* [DATA TO USE]
★ ★ ★ ★

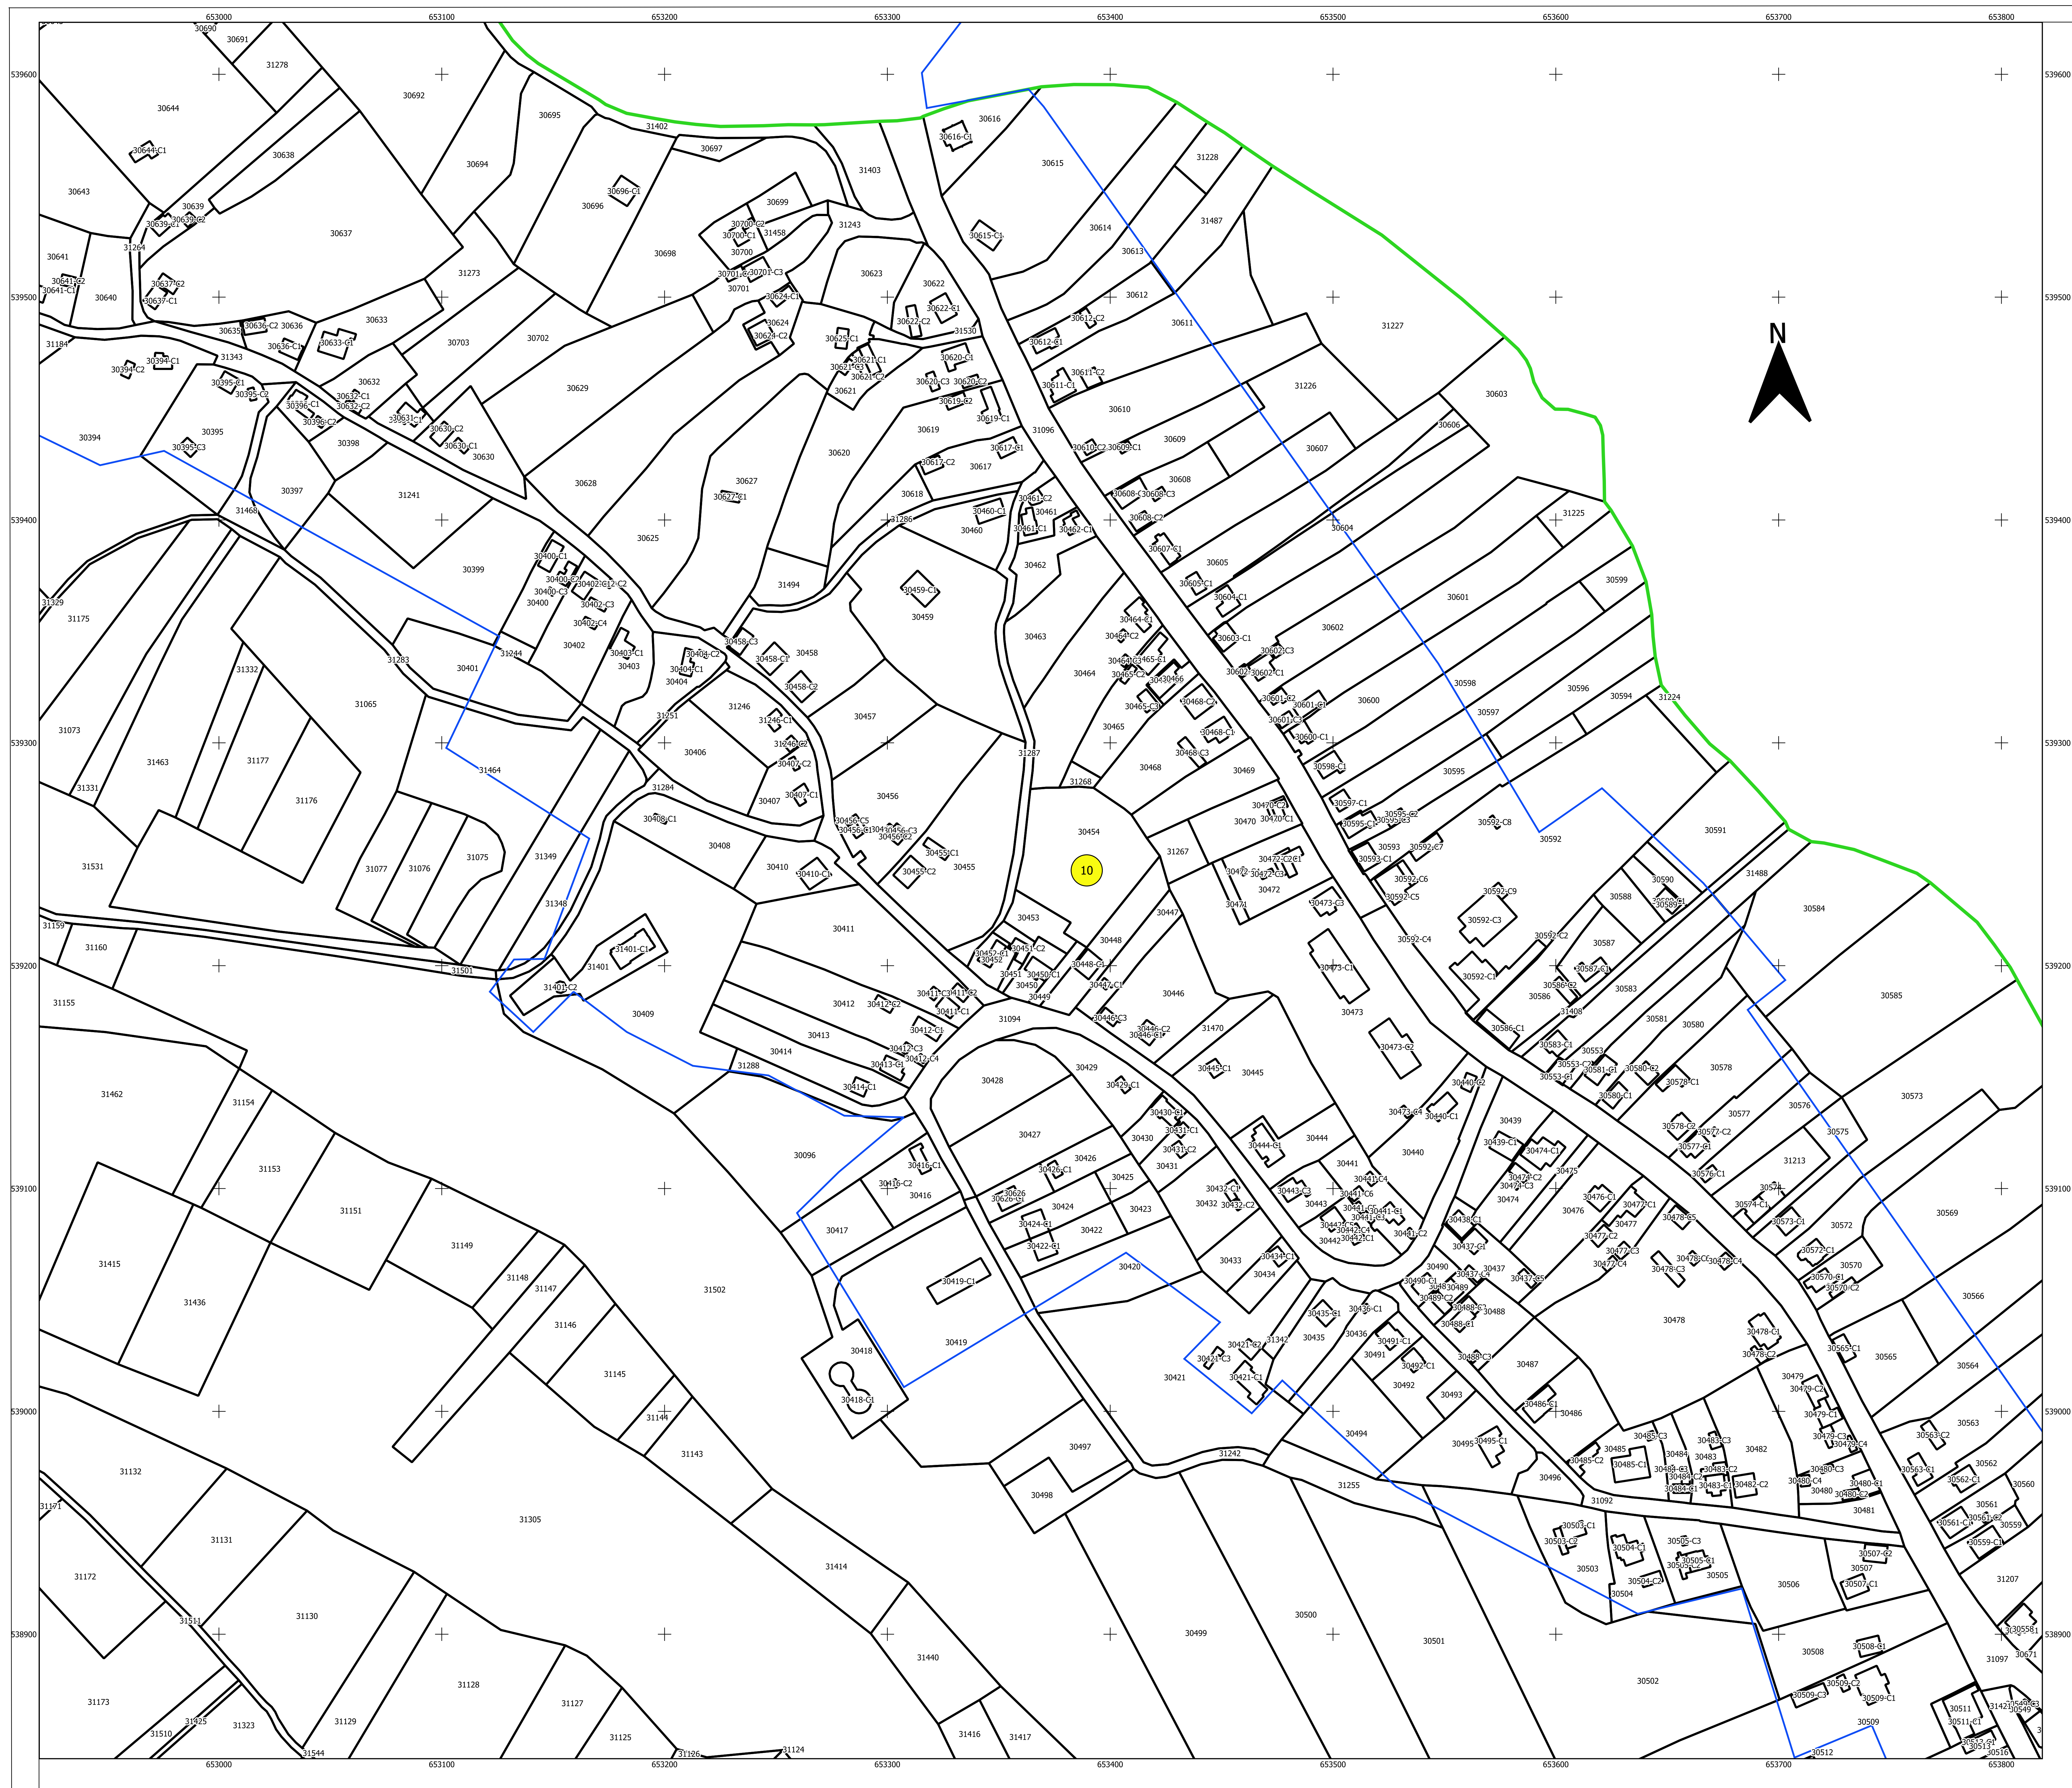

**Plan Cadastral
U.A.T. Racaciuni, Jud. Bacau
Sector Cadastral Nr. 10
Scara 1: 1000
Sistem de proiectie stereografic 1970
SPRE PUBLICARE
Plansa nr. 2**

Legenda :

	Limita U.A.T.
	Limita sector cadastral
	Limita imobil
	Limita constructie
	Limita intravilan
	ID imobil
	Nr. sector

**INTOCMIT:
SC GEOSILVA SRL
FLORIN LACATUSU
05.08.2022**

★ ★ ★ ★

* [PROMPT] Reproduce each entry precisely, dropping only the pictures.

* [RESPONSE TO THIS TASK]
**Plan Cadastral
U.A.T. Racaciuni, Jud. Bacau
Sector Cadastral Nr. 10
Scara 1: 1000
Sistem de proiectie stereografic 1970
SPRE PUBLICARE
Plansa nr. 2**

Legenda :

	Limita U.A.T.
	Limita sector cadastral
	Limita imobil
	Limita constructie
	Limita intravilan
	ID imobil
	Nr. sector

**INTOCMIT:
SC GEOSILVA SRL
FLORIN LACATUSU
05.08.2022**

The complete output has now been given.